In this sample we demonstrate how to integrate Delta Tables with Amazon SageMaker for performing data exploration, ingestion, processing, training, and hosting for Machine Learning.

---

## 1 - Data Exploration and Visualization

***Use Kernel "Data Science 3.0 (Python 3)" for running this notebook***

In this notebook, we will perform some Exploratory Data Analysis (EDA) over our Delta Tables.

In [2]:
import sagemaker
sagemaker.__version__

'2.130.0'

In [3]:
import numpy as np
import pandas as pd
import boto3

In [4]:
# S3 bucket for saving processing job outputs
sm_session = sagemaker.Session()
bucket = sm_session.default_bucket()
region = sm_session.boto_region_name

sm_client = boto3.client('sagemaker')
iam_role = sagemaker.get_execution_role()

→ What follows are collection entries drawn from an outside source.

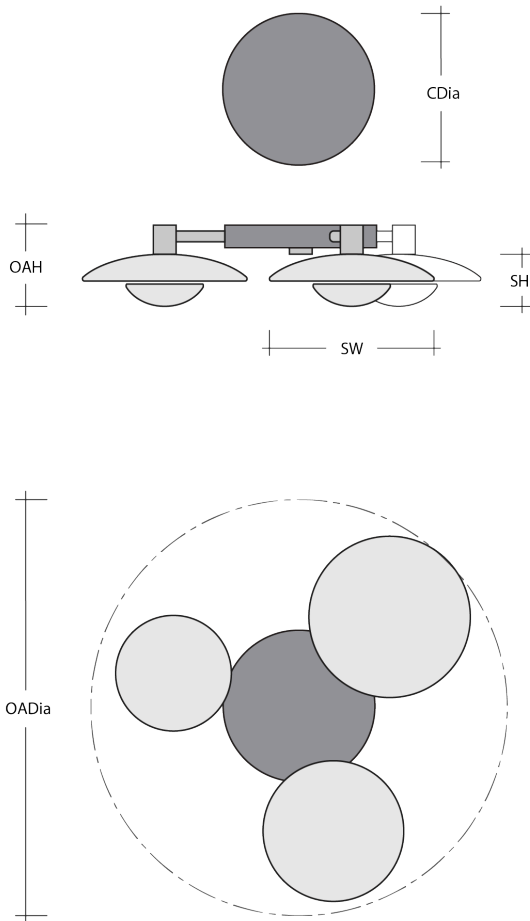

Novel Brass
(NB)

Glass Colors

Matching
Inner (MI)

White Inner
(WI)

Black Inner
(BI)

Product Notes - PLEASE READ:

- All Hammerton Studio fixtures are handcrafted by artisans. Subtle imperfections reflect the mark of the maker and should be expected.
- This product may incorporate both steel and aluminum material. Transparent finishes may vary between steel and aluminum components.
- Products incorporating artisan blown and cast glass may create dramatic patterns of light and shadow on surrounding surfaces. While this is often desirable, shadowing can be minimized by adding recessed ceiling light to the installation area.

General Notes:

- Visit studio.hammerton.com to read our complete warranty.
- All dimensions are in inches unless otherwise noted. Dimensions may vary up to 7/8".

Revision date: 2025-01-02

[Scan for Product & Install Info](#)

Hub & Spoke - Cumulus - 3pc

Product Dimensions *Dimensions may vary up to 7/8"*

Overall Height	OAH	6.7 in
Overall Diameter	OADia	33 in
Canopy Diameter	CDia	9 in

Shade Dimensions

Large Shade Qty		1
Medium Shade Qty		1
Small Shade Qty		1
Large Shade Height	SH	5.2 in
Large Shade Width	SW	16 in
Medium Shade Height	SH	5.2 in
Medium Shade Width	SW	14 in
Small Shade Height	SH	5.2 in
Small Shade Width	SW	12 in

Installation & Mounting

Weight: Lbs	18 lbs
Mounting Type	J-Box
Flat or Sloped	Sloped
Slope Orientation	All
Location	Indoor/Dry

Other Information

Warranty	See Website
----------	-------------

Project Notes

print('Default bucket: '+bucket)

Default bucket: sagemaker-eu-west-1-889960878219


In [5]:
# Import pyspark and build Spark session
from pyspark import SparkContext, SparkConf
from pyspark.sql import SparkSession, SQLContext

In [6]:
# Build list of packages entries using Maven coordinates (groupId:artifactId:version)
pkg_list = []
pkg_list.append("io.delta:delta-core_2.12:1.1.0")
pkg_list.append("org.apache.hadoop:hadoop-aws:3.2.2")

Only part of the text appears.